▸ EXERCISE DIRECTIONS:
Go through the data below and transcribe it exactly. Omit the images.

[Dataset excerpts]
________________________________________

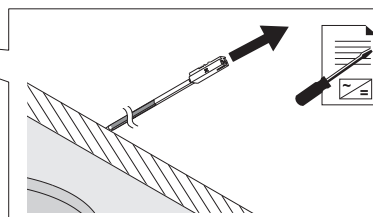

1

A

- 5W
- 7W
- 10W

B

2

Recessed Trim

A

B

3

833.30.974 833.30.969
833.30.973 833.30.976

________________________________________

▸ SOLUTION TO THIS EXERCISE:
1

A

- 5W
- 7W
- 10W

B

2

Recessed Trim

A

B

3

833.30.974 833.30.969
833.30.973 833.30.976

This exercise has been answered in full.